The first photo shows a floor after the drywalling and painting. You can see it’s quite cloudy and has lots of particles embedded in the floor. The second photo shows during the sanding process, showing just how much dust/debris was on the floors. The third photo shows the finished sanded floor. It’s completely smooth, ready for flooring to be installed. You can also see around the joints are sanded more than the middle – This is to ensure you won’t see any edges visible once your flooring is installed on top.


Look for full coverage – If you have good lighting (such as the middle of the day) look to see if the paint is too thin, where you may see primer coming through. Another tell tale – if you can see brush marks or wavy lines, this is not a good sign. Straight cut lines between the ceiling and walls is a good thing to look for.

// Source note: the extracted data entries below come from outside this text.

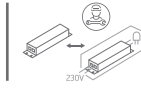

INSTALLATION MANUAL

10120FD

ecolight

DARK LIGHT

175mm

230V | SMD 2835 | 20W | *IP54 | Die cast
Complete with 300mA driver.

80 CRI

54mm

one
LIGHT

A

CUTOUT HOLE: 166mm

B

C

*IP54 is the protection degree of the fitting under the ceiling. The fitting part hidden in the ceiling is IP20

Warnings:

1. Make sure that the product is installed properly before connecting to electricity.
2. Do not cover the fitting.
3. Maintenance and installation should only be carried out by a professional electrician.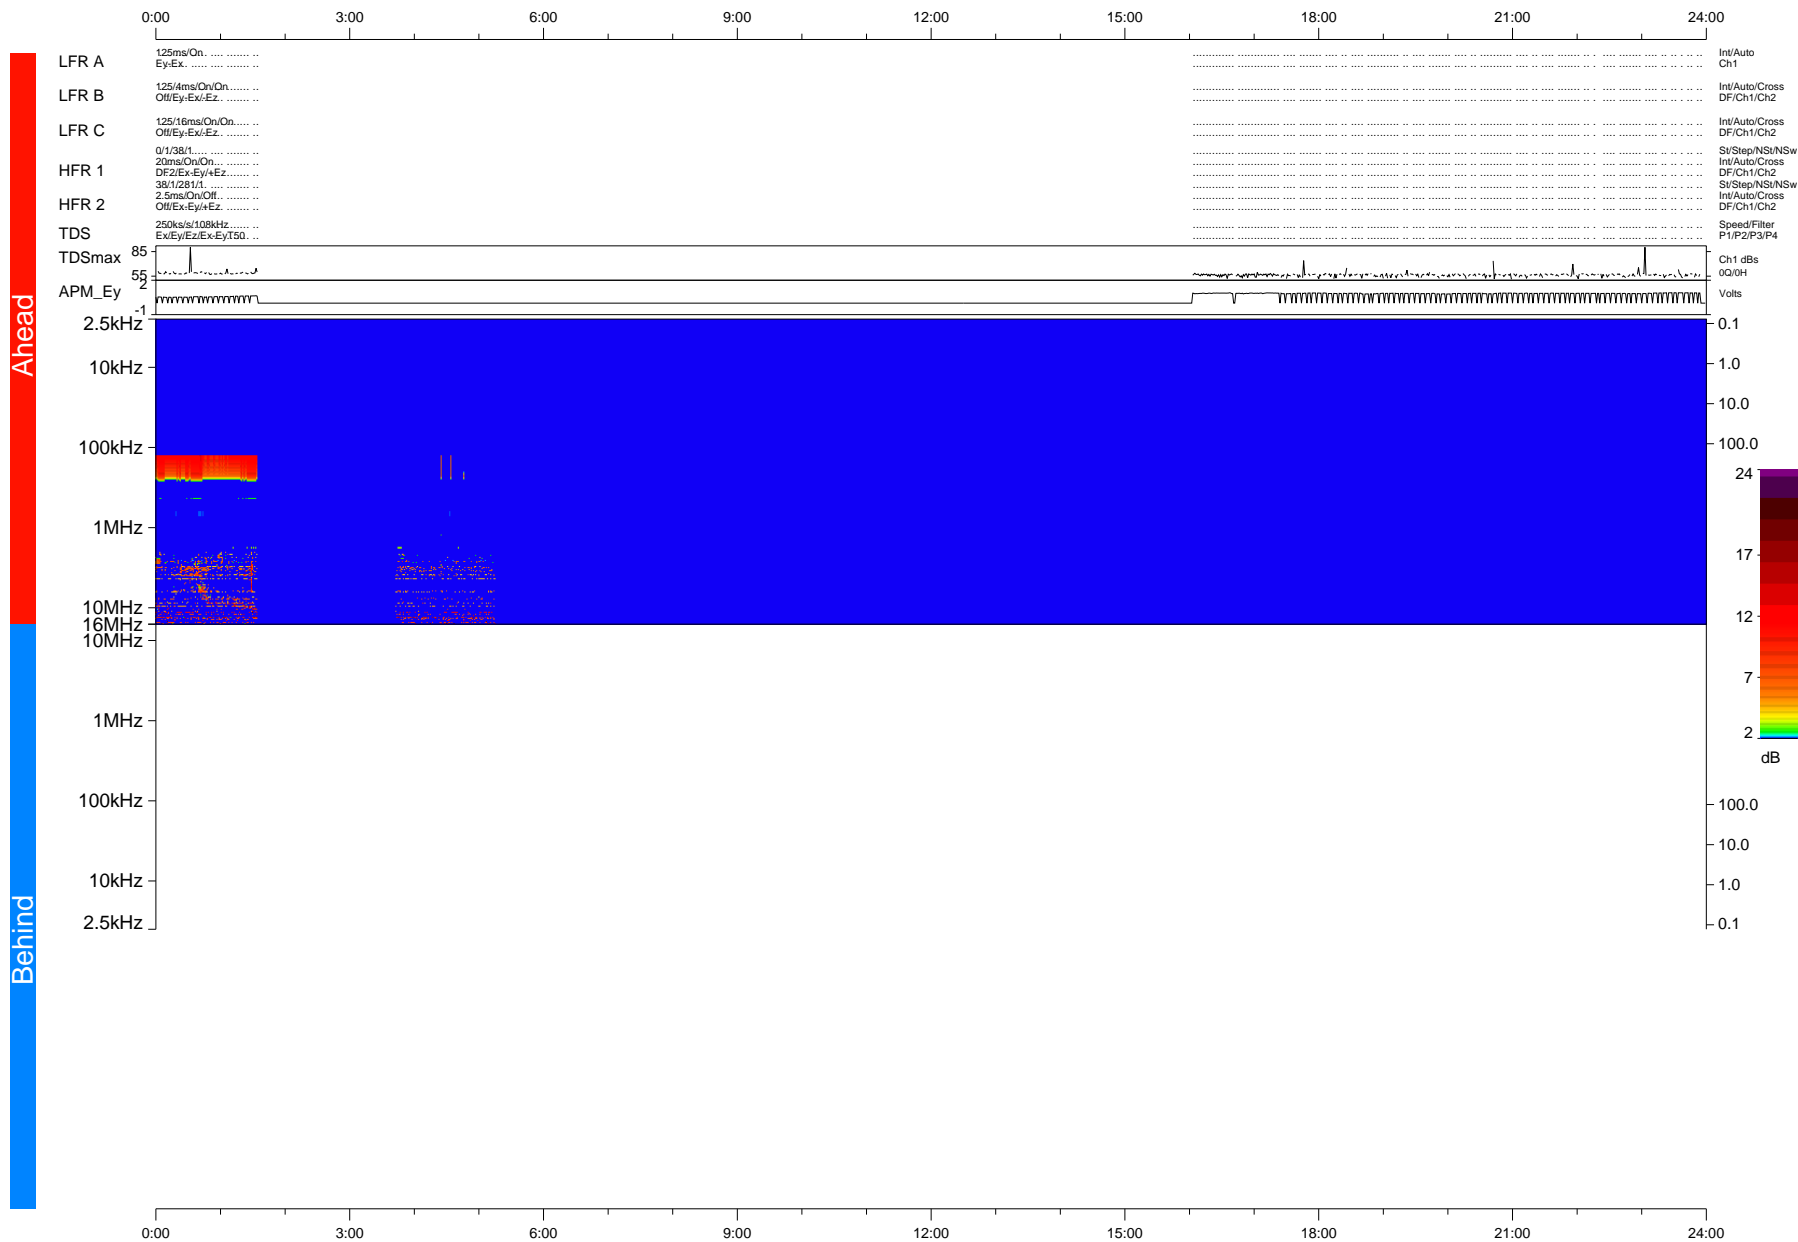

STEREO/WAVES Daily Summary - 10-Aug-2015 (DOY 222)

Ahead source file = swaves_ahead_2015_222_1_06.fin + beacon data (Recovery: 32.2% HK, 2% Pkts)

DPU up 33.8d, V412d16

Behind source file = swaves_ahead_2015_222_1_06.fin

DPU up 0.0d, V40
2016-02-24 16:37:58, TMlib V943 dynspec V210

The left photo is a clear example of seeing the primer through the paint – Typically if paint is applied too thin, it won’t be quite so obvious, but this shows you what to look for.

Tile & Grout

Corners of tiles should line up and should be exact. The grout should be even throughout all the cracks, and the height of the grout should be the same. Watch out if you see inconsistent spacing between tiles, corners that don’t line up, and tiles placed at different depths – These are key indicators of poor tile setting.

Notice the tools this tile setter is using – He has a level on hand to ensure his tile job is precise and all the tiles are placed the same depth. He’s also using spacers between tiles, making certain his grout lines are evenly spaced. On the finished picture, notice how every corner of this intricate design is perfectly aligned.


Check if the floors been covered after installation. Are the floors protected with paper or corrugated cardboard? Doing this keeps the dust, grit, and fine grains of dirt off the direct floor while trades are still working in the house. This preserves the floor for when homeowners move in.

Lot Grade

The grade of the lot should slope away from the house in all directions, including the slope of the driveway and sidewalk. You should be able to see a gradual, yet noticeable drainage slope away from the house. If you see sloping towards the house, this is a bad sign, as water should always be swept away. Also, look down the edge of the driveway – there should be no obvious wiggles or waves in the concrete.

Notice the arrows pointing in directions away from these homes. The grading of a lot should always be sloping away from a home.

So, before you commit to a builder, make sure you take a look on site during construction. Remember to look for these things, as they will give you a good idea about the builder and how they operate. It will show you what type of trades they employ and the quality/craftmanship of their homes. You’re bound to learn something new!